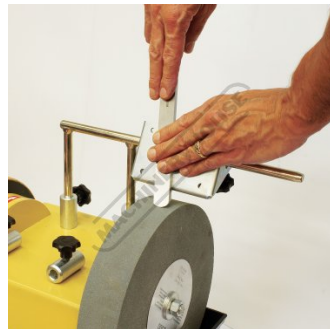

### Description

TiGer 2000S WETSTONE GRINDER  
 &Oslash;200x40mm 120W 240V

IDEAL FOR HOME AND THE SMALL WORKSHOP, Correct grinding and honing is an art in itself. Without training and experience, costly mistakes can be made and expensive tooling ruined. This Wet stone sharpening system offer superb, professional results and a razor sharp finish every time. With total accuracy and sharpening efficiency this Wet Stone sharpening system is easy to use even for a beginner. Ideal for the home and small workshop and with a comprehensive range of accessories, it is perfect in producing sharp cutting edges to knives, scissors and tools. Extensive accessories are included with the standard equipment: The &Oslash;200mm Wet stone Sharpening System offers superior technology for professional results every time - even if you are a novice.

**W8637**  
 Angle Guide - 200mm

**W8642**  
 Jig 60 Knife & Blade Holder

**W8643**  
 Jig 120 Knife & Blade Holder

**W8646**  
 Jig 110 Grinding Rest

**W8615**  
 Jig 40, 120, 160 Household  
 Sharpening Kit

===

Exercise directions: Filter the records above for the string "Holder" and copy each matching line.

Exercise solution:
 Jig 60 Knife & Blade Holder
 Jig 120 Knife & Blade Holder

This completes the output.